На птичку

 


 


От автора

Это не пособие по зоологии, не автобиография и не продолжение « Полета белой вороны», хотя некие совпадения возможны. Это просто палитра, на которой смешалось все со всем и в итоге не получилось ничего, что можно было бы вешать в рамку. Потому, что я не люблю рамок.

Глава I
ПРО СНЕГИРЯ

 Жила была птица. Красивая птица, с маленькой серой головой, аккуратным острым носом и красной грудью.
Летом птица покидала дом и стремилась в чужедальние края, а зимой возвращалась в холодную, суровую, но удивительную страну. Люди в этой стране отличались живучестью, своеобразным чувством юмора и редким талантом забивать на все.

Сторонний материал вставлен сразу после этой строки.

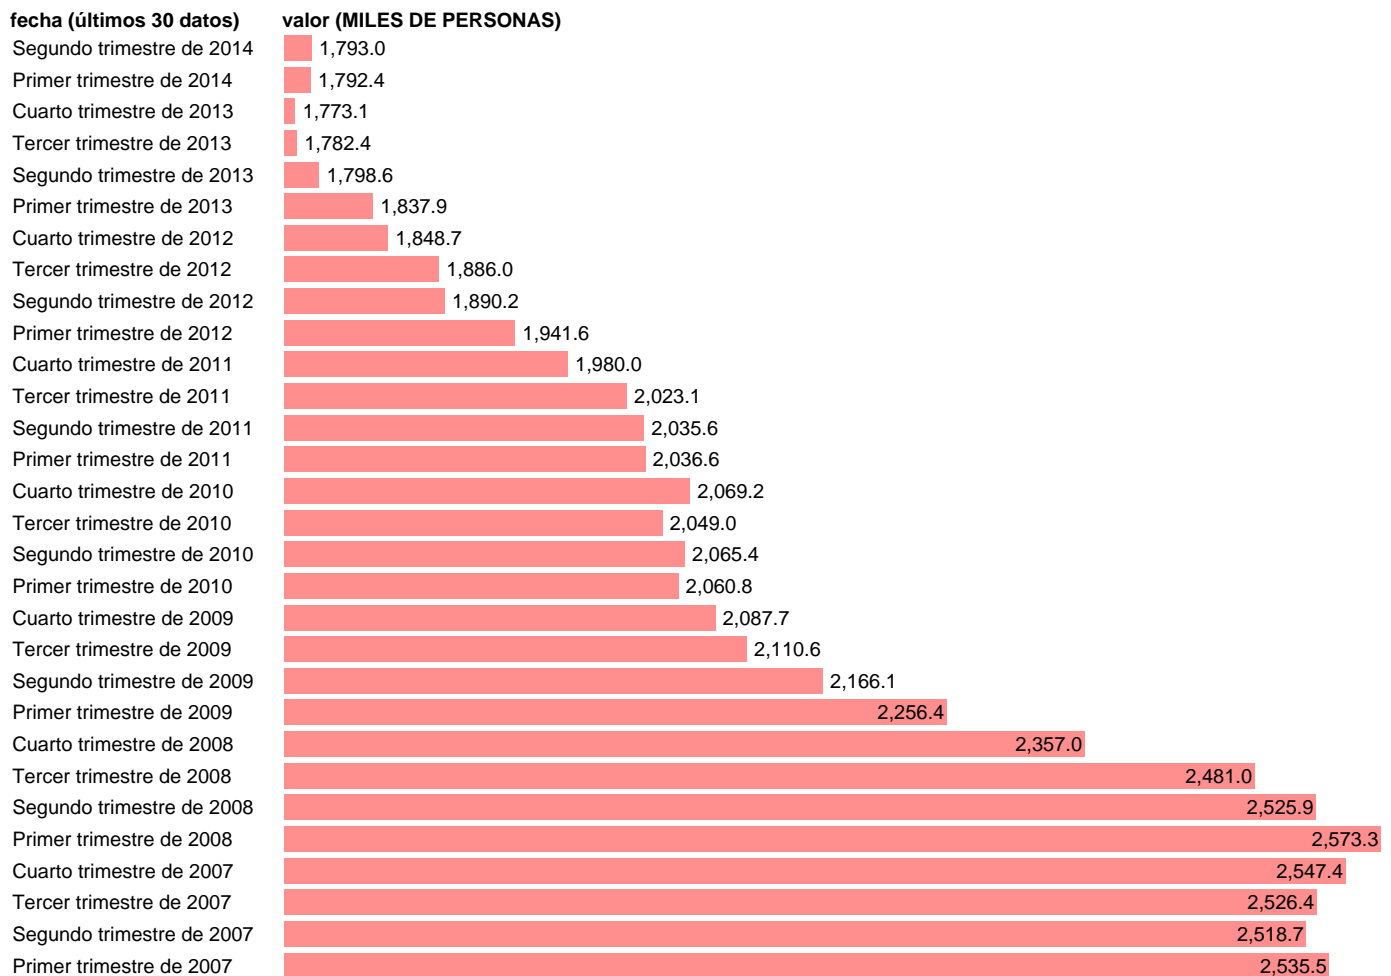

ASALARIADOS. INDUSTRIA SIN ENERGÍA

Estadística: [ASALARIADOS. INDUSTRIA SIN ENERGÍA](#)

Enlace permanente (Permalink): <https://tematicas.org/M1/90hc8122t/>

Notas: **ACTUALIZA: ÁREA MERCADO LABORAL**

Fuente: **INE (CN 2008)**.

Frecuencia: **Trimestral**.

Unidades: **MILES DE PERSONAS**.

Datos disponibles desde **Primer trimestre de 1995** hasta **Segundo trimestre de 2014**.

Valor más alto alcanzado en Cuarto trimestre de 2000: **2740.2**.

Valor más bajo alcanzado en Cuarto trimestre de 2013: **1773.1**.

[Pulse aquí](#) para acceder a los datos completos actualizados y a la representación gráfica estadística.
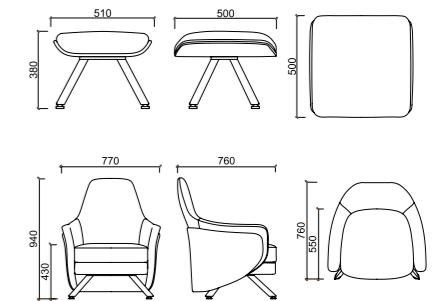

OP-RX90118-3
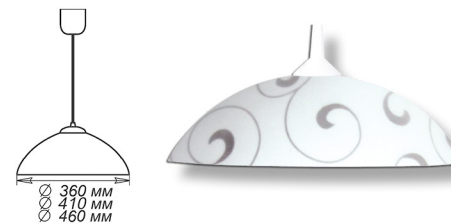

СЕРИИ «МОРРОКО»

«НЕЖНОСТЬ»

«ОАЗИС»

В серии есть настенно-потолочные светильники на стр. 17.
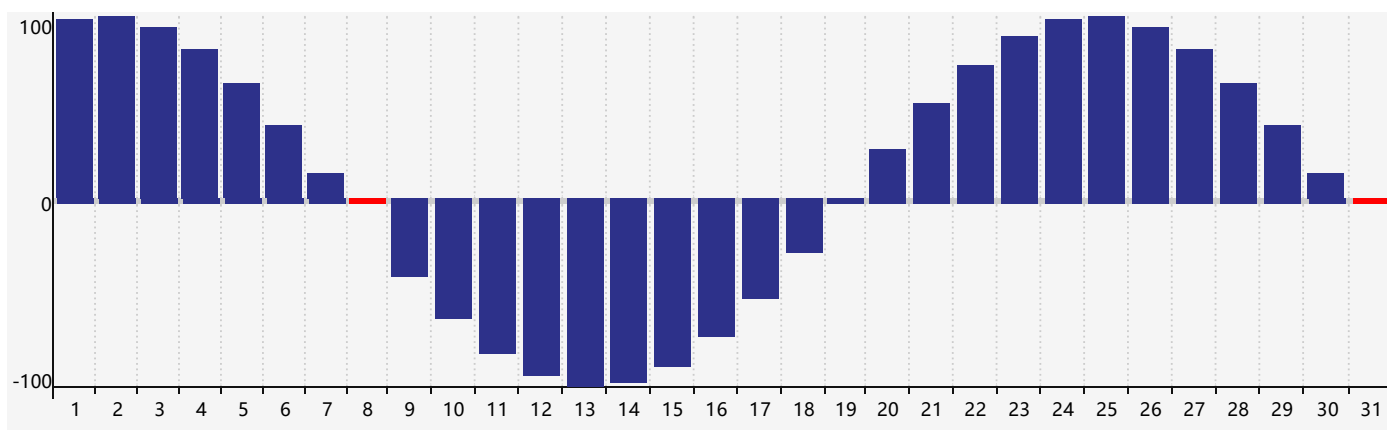

智力節律曲线图 - 2017年10月

情感節律曲线图 - 2017年10月

身體節律曲线图 - 2017年10月

公曆2017年十月 農曆丁酉年 [雞年]

星期日	星期一	星期二	星期三	星期四	星期五	星期六
十二 1 	十三 2 	十四 3 	十五 4 	十六 5 	十七 6 情感臨界日 	十八 7
寒露 十九 8 身體臨界日 	二十 9 	廿一 10 智力臨界日 	廿二 11 	廿三 12 	廿四 13 	廿五 14
廿六 15 	廿七 16 	廿八 17 	廿九 18 	三十 19 	九月初一 20 	初二 21
初三 22 	霜降 初四 23 	初五 24 	初六 25 	初七 26 	初八 27 	初九 28
初十 29 	十一 30 	十二 31 身體臨界日 	十三 1 	十四 2 	十五 3 情感臨界日 	十六 4

К птицам они относились приемлемо- по крайней мере ели только крупные особи, а меленьких часто наоборот подкармливали. Особенно человеческие детеныши и престарелые самки. Наша птица была как раз невелика собой, но это как раз ее очень огорчало, она часто комплексовала…вернее комплексовал , потому, что это был оН.. Птицы насколько это известно, тоже различаются по половым признакам. Но вот люди почему то этого признавать никак не хотят. Если воробей- значит мужик, если синица ( во мн.числе ж.р. – пиши с буквой «Ы» ) то значит непременно баба. Жители туманного Альбиона даже употребляют по отношению к птицам неодушевленное, безликое и бесполое «it» В общем наша птица была мужского рода. Поэтому, если уж позвольте, я буду называть его «птиц». И попрошу не упрекать меня в неграмотности и плохом знании русского языка. Все равно, когда возникнет вопрос как написать «Петровой Марье, или Петровой Марии» вы придете ко мне. Я серьезно…
Так что жил был птиц. Как его звали? А никак его не звали, и потому он был достаточно одинок. Жил он в большом городе, где было мало солнца, но зато много каменных лошадей и львов. Питался где попало и чем попало, а часто ему действительно попадало от пернатых покрупнее. Есть например такие тупорылые сволочи- голуби…Не заклюют, так затопчут. И люди их любят, потому, что они всегда подлизываются и лебезят. Даже сделали символом мира. Ну-ну! Видели бы вы, как такой перекормленный увалень напыжась и раздувшись встает на цыпочки и грудью отталкивает тех, кто поменьше от целого батона, которого ему не склевать и за месяц! Впрочем, они достаточно прожорливы.
 Есть вороны, эдакие серые кардиналы, вооруженные внушительными клювами и обладающие просто феноменальной хитростью. С спорить не то что глупо, а как то бесполезно. Потому как помимо физической силы они имеют громкий и резкий голос и переорать их невозможно.
Бывают чайки- резвые, быстрые как «Миг-32» наглые поморы. Они дикие… настолько дикие, что сбившись в банду представляют сильную опасность даже для ворон. Поэтому хитрые вороны иногда предпочитают им просто заплатить, чтобы не связываться.
Существуют воробьи. Милые, маленькие тварюшки- шумные, глумливые и вечно довольные. Но только с ними связываться уж точно не стоит, так как они весьма любвеобильны и потому плодовиты и как следствие -, многочисленны, как и китайцы, которые когда-то жестоко воробушков истребляли.
Остальные же виды и породы в городе немногочисленны и особого внимания не заслуживают, как представители сельской и вовсе необитаемой местности. Наш птиц по всем признакам к ним и относился, но почему то выбрал город, хоть жить там было весьма и весьма непросто. Но он жил.
 До определенного момента птиц обитал в небольшом скверике возле больницы, где было много ягод на кустах боярышника и добрых старушек с запасом пшена, и голубей с воробьями, которые этих бабушек полностью приватизировали. Была и старая ворона, которая, обклевавшись белого порошка на больничной свалке любила хрипло причитать о своих молодых годах, а потом, махнув на все крылом бить кому- нибудь морду. Доставалось в основном молодым голубям, потому, что они были слишком медлительны, чтобы вовремя смотаться и слишком тупы, чтобы собраться и выщипать вороне последние редкие перья. Хитрый птиц как-то признался вороне в самых своих нежных чувствах, за что и получил право быть небитым. Так что жить было можно и даже терпимо. Сквер напоминал ему о давно забытом родном лесе и менять его на что либо другое птиц не собирался. Но однажды..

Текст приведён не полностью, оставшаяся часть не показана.